### Problem to work on
Nothing but the lines from the start of the data through the line with "Solution Overview" should appear in the answer, each retyped exactly, and pictures should not.

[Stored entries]
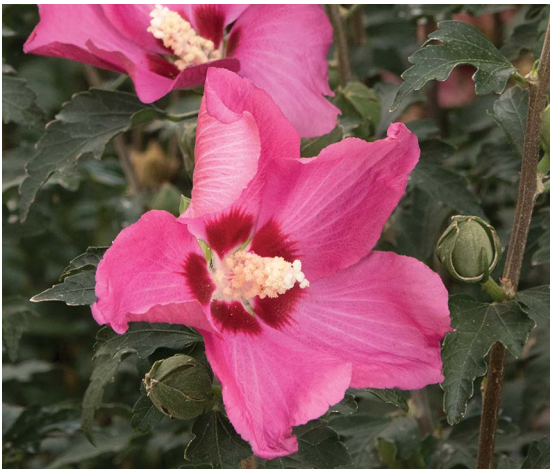

MONROVIA®

Since 1926

Chateau™ Rose of Sharon

THESE ENCHANTING SHRUBS PROVIDE MONTHS OF BEAUTIFUL, FLOWERS THAT COVER THE STEMS FROM TOP TO BOTTOM.

Bloom nonstop early summer to autumn.

Produces masses of 3-inch-wide blooms.

Graceful, vase-shaped habit.

Lush, deep green foliage.

Add height and scale to beds and borders.

Bred in the Loire Valley of France.

ROSE OF SHARON CHATEAU™ DE VERSAILLES
Fast growing: 6' tall, 4' wide. Partial to full sun. Deciduous.
Monrovia Exclusive
ZONES: 5-9

ROSE OF SHARON CHATEAU™ D'AMBOISE
Fast growing: 6' tall, 4' wide. Partial to full sun. Deciduous.
Monrovia Exclusive
ZONES: 5-9

ROSE OF SHARON CHATEAU™ DE CHAMBORD
Fast growing: 6' tall, 4' wide. Partial to full sun. Deciduous.
Monrovia Exclusive
ZONES: 5-9

ROSE OF SHARON CHATEAU™ DE CHANTILLY
Fast growing: 6' tall, 4' wide. Partial to full sun. Deciduous.
Monrovia Exclusive
ZONES: 5-9
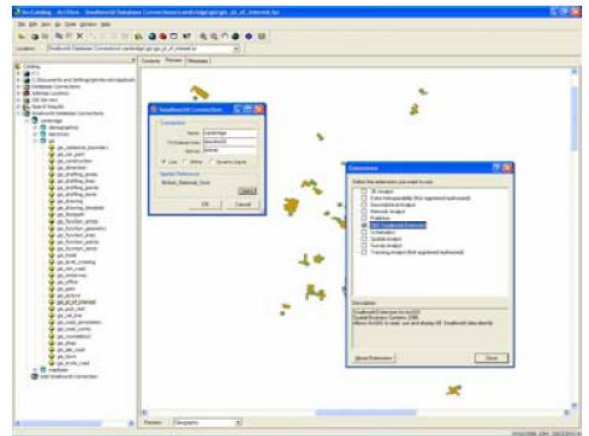

Smallworld Integration Server for ESRI

Solution Overview

The Smallworld Integration Server for ESRI is Spatial Business Systems' next generation solution for interoperability between General Electric's Smallworld GIS and the ESRI ArcGIS product line. It allows ARcGIS products to access Smallworld data stores across the enterprise in real-time which enables a truly open and seamless operating environment for access to Smallworld-based geospatial data.

Key Features:

- An Integrated architecture that allows full access to the Smallworld VMDS data store from the full range of ArcGIS products, including:
 - ArcCatalog
 - ArcMap
 - ArcGIS Server
 - ArcIMS
- Support for development of custom tools and applications via ArcObjects for development in ArcToolbox
- High performance data access via Smallworld data marshalling
- Web or desktop access via TICS protocol
- Dynamic data model mapping of Smallworld objects to ArcGIS layers
- Support for access to Smallworld via live, offline and dynamic cache modes

### Exercise result
MONROVIA®

Since 1926

Chateau™ Rose of Sharon

THESE ENCHANTING SHRUBS PROVIDE MONTHS OF BEAUTIFUL, FLOWERS THAT COVER THE STEMS FROM TOP TO BOTTOM.

Bloom nonstop early summer to autumn.

Produces masses of 3-inch-wide blooms.

Graceful, vase-shaped habit.

Lush, deep green foliage.

Add height and scale to beds and borders.

Bred in the Loire Valley of France.

ROSE OF SHARON CHATEAU™ DE VERSAILLES
Fast growing: 6' tall, 4' wide. Partial to full sun. Deciduous.
Monrovia Exclusive
ZONES: 5-9

ROSE OF SHARON CHATEAU™ D'AMBOISE
Fast growing: 6' tall, 4' wide. Partial to full sun. Deciduous.
Monrovia Exclusive
ZONES: 5-9

ROSE OF SHARON CHATEAU™ DE CHAMBORD
Fast growing: 6' tall, 4' wide. Partial to full sun. Deciduous.
Monrovia Exclusive
ZONES: 5-9

ROSE OF SHARON CHATEAU™ DE CHANTILLY
Fast growing: 6' tall, 4' wide. Partial to full sun. Deciduous.
Monrovia Exclusive
ZONES: 5-9

Smallworld Integration Server for ESRI

Solution Overview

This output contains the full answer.